Say how many lines in the following data hold the word "Rendering". Write nothing but that number.
*** SOURCE DATA Section Begins ***
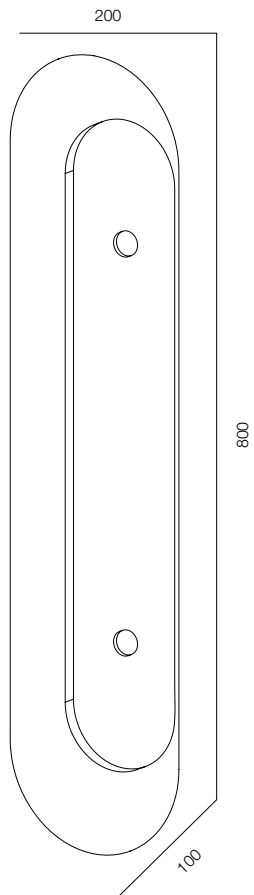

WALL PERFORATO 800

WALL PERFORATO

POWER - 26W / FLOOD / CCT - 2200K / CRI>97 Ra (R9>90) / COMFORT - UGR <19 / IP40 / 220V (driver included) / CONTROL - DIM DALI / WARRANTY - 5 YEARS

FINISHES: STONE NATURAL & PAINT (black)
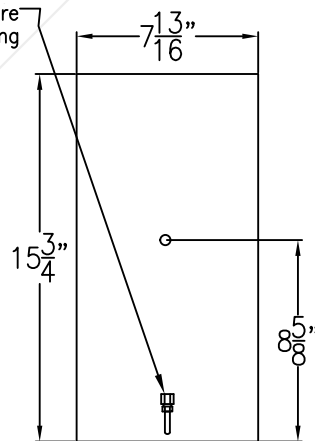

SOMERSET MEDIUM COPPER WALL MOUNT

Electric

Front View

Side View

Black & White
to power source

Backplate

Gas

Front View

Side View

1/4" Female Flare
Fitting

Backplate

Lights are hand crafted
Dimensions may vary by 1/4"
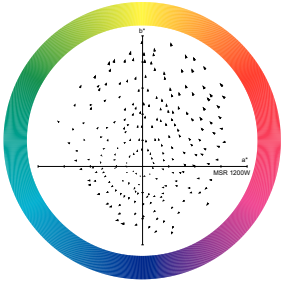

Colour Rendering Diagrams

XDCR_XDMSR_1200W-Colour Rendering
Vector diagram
*** SOURCE DATA Section Ends ***
*** SOURCE DATA Section Begins ***
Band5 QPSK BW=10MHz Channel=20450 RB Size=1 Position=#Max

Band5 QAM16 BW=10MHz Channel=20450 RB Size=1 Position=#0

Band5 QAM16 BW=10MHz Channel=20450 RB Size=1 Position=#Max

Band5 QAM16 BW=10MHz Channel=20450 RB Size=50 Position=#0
*** SOURCE DATA Section Ends ***
| RESULT OF THIS EXERCISE |
2